EAGER: Spectral Analysis for Fraud Detection in Large-scale Networks
National Science Foundation (CCF-1047621)
This project takes a unified spectral transformation approach to address challenges of analyzing network topology and identifying fraud patterns in large-scale dynamic networks by using data spectral transformation with network topology visualization. Large-scale social and communication networks contain rich topological information embedded inside, in addition to various structured, semi-structured, and unstructured data. The research is characterizing patterns of various attacks in the spectral projection space of graph topology and developing spectrum based methods to identify these attacks. The approach, which exploits the spectral space of the underlying interaction structure of the network, is orthogonal to traditional approaches using content profiling. The ability to perform this spectral analysis is dependent upon the development of complex mathematical techniques. Critical issues that are being explored include the scalability of the methods to very large data sets, the determination of the dimensionality of the node representation in spectral space, and the interpretation of patterns in spectral space.
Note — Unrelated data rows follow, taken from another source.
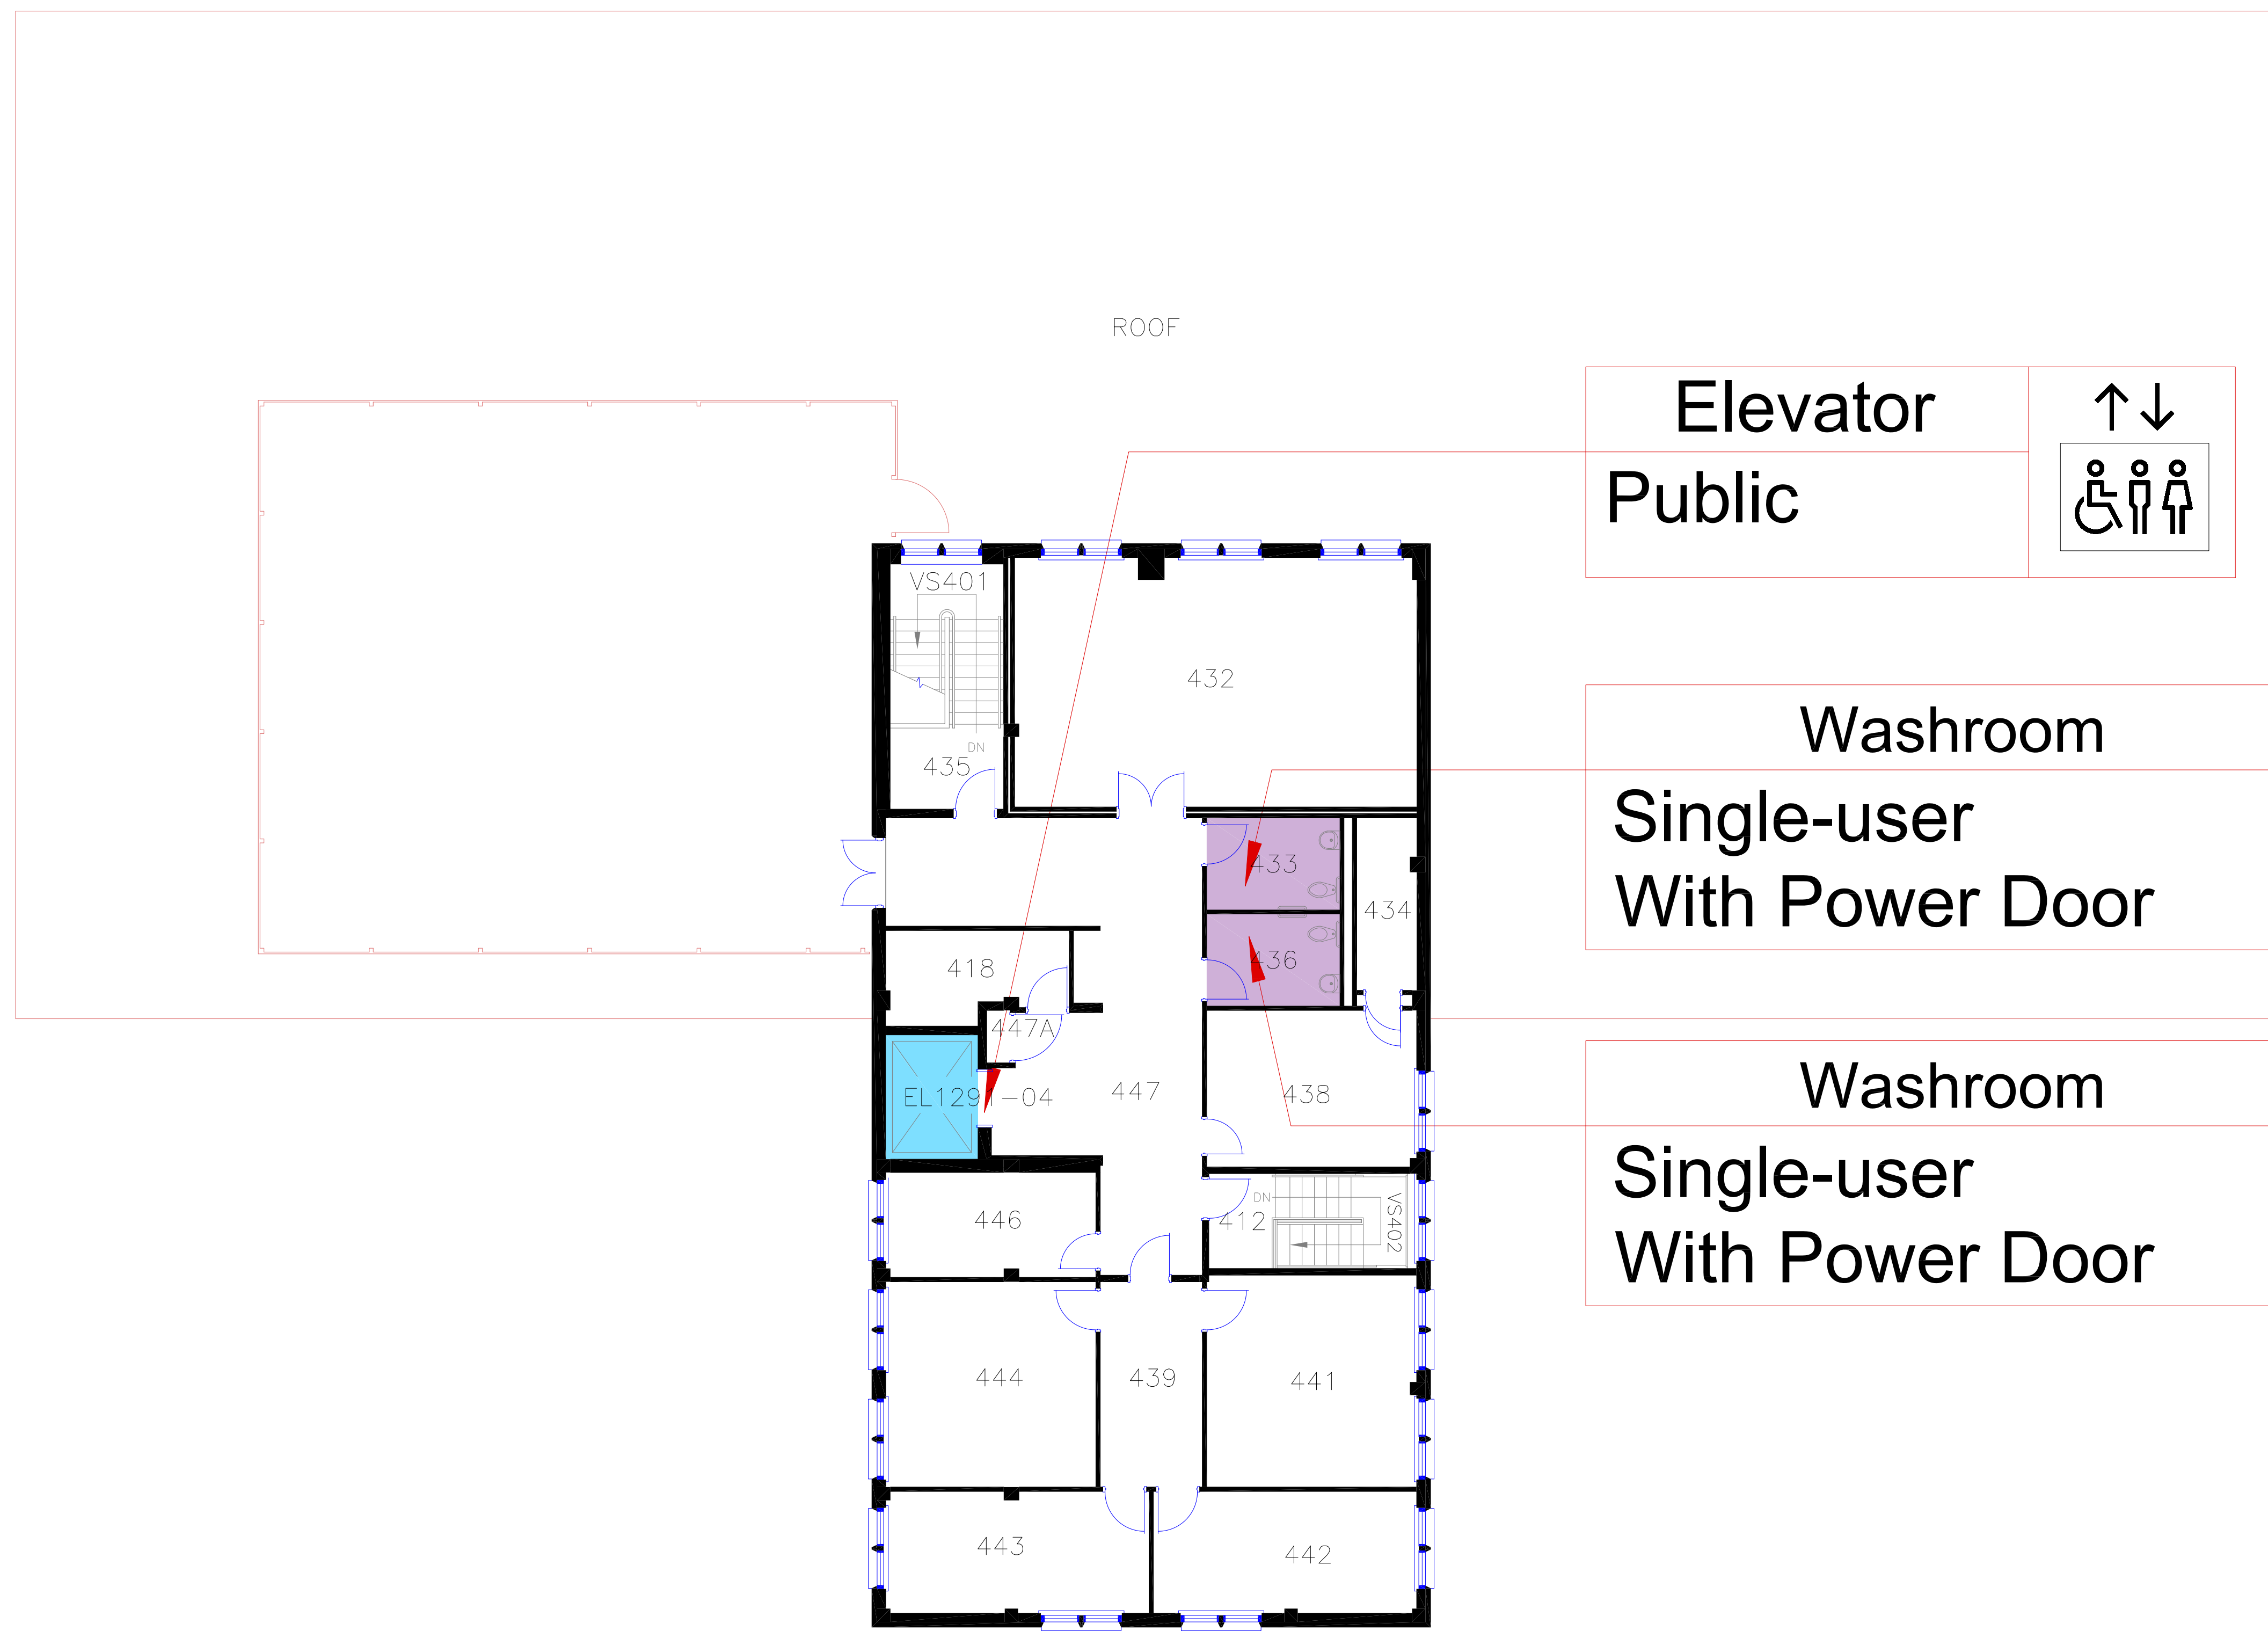

Queen's University

Ellis Hall

BLDG. No. 129 Basement Floor Plan

Washroom
 Female - Multi-user
 With Power Door

Elevator
 Public
 

Washroom
 Male - Multi-user
 Not Accessible
 

Washroom
 Single-user
 No Power Door
 

Entrance	Baby Change Table	Elevator
Accessible	Adult Change Table	Washroom - Multi-User
Shower	Urinal	Washroom - Single User
		Washroom - Gender Neutral

Queen's University
Ellis Hall
BLDG. No. 129
Second Floor Plan

Classroom Door
With Power Door Opener

Washroom
Male - Multi-user
With Power Door

Washroom
Female - Multi-user
With Power Door

Elevator
Public

Entrance	Baby Change Table	Elevator
Accessible	Adult Change Table	Washroom - Multi-User
Shower	Urinal	Washroom - Single User
		Washroom - Gender Neutral

Queen's University

Ellis Hall

BLDG. No. 129 Third Floor Plan

Elevator
Public

↑↓

Washroom
Single-user
With Power Door

Washroom
Single-user
With Power Door

Entrance	Baby Change Table	Elevator
Accessible	Adult Change Table	Washroom - Multi-User
Shower	Urinal	Washroom - Single User
		Washroom - Gender Neutral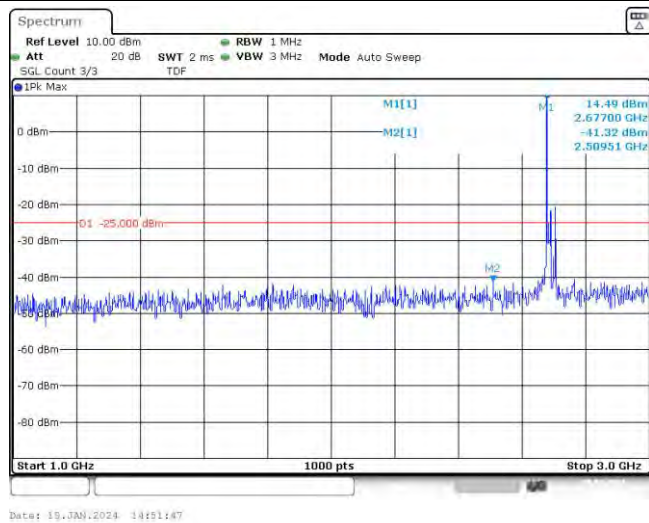

Band41-15MHz-16QAM-41515-1RB#0-Range2:1000~3000MHz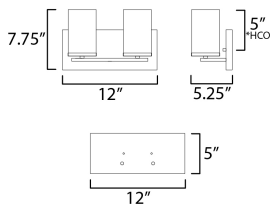

LAMPING

INPUT VOLTAGE : 120V
BULB : 2 x 60W Incandescent E26 Medium , 60W Total
BULB INCLUDED : (Not Included)
DIMMABLE : Y
LIGHTING_DIRECTION : Up/Down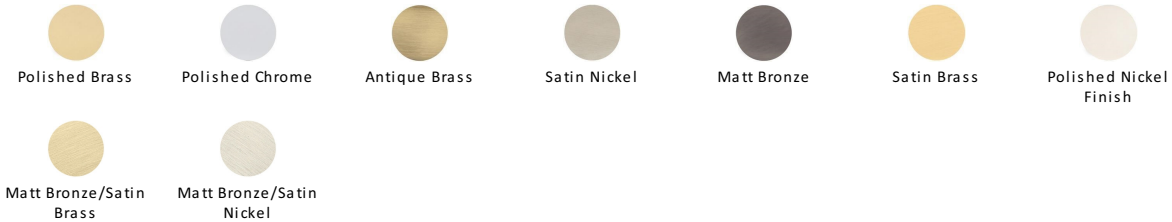

Hexagon Cabinet Knob with Rose

C4345 32-SB

Heritage Brass Cabinet Knob Hexagon Design with Rose 32mm Satin Brass finish

Material:
Solid Brass

Finish:
Satin Brass

Available Finishes

Available Sizes

Product Dimensions (All dimensions are in millimeters unless otherwise indicated)

Projection	32	Maximum Diameter	32	Base	20
-------------------	----	-------------------------	----	-------------	----

About the Finish

Satin Brass

A modern alternative to the traditional polished brass, this attractive brushed texture beautifully mellows and adds warmth to both a traditional and a soft contemporary décor.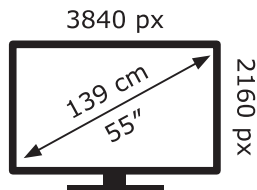

ENERG ⚡

LG Electronics

55UQ75009LF

81 kWh/1000h

ABCDEF**G**

120 kWh/1000h

2019/2013

PSNet: Privacy and Spectral Analysis of Social Networks
National Science Foundation (CNS-0831204)
Social networks are of significant importance in various application domains. Most previous studies are focused on revealing interesting properties of networks and discovering efficient and effective analysis methods. However, there has been little work dedicated to privacy preserving social network analysis. In this project, we investigate the application of graph perturbation techniques to protect privacy of individual nodes and their sensitive link relationships. We conduct theoretical study and empirical evaluation on the tradeoff between utility and privacy of various graph randomization techniques as well as investigation of various potential attacking methods from adversaries. To quantify the utility loss, we focus on the change of the spectrum and eigenvectors since they have inherent relation with many real space graph characteristics. We expect to develop some spectrum/utility preserving randomization techniques which can better preserve graph utility without sacrificing much privacy protection.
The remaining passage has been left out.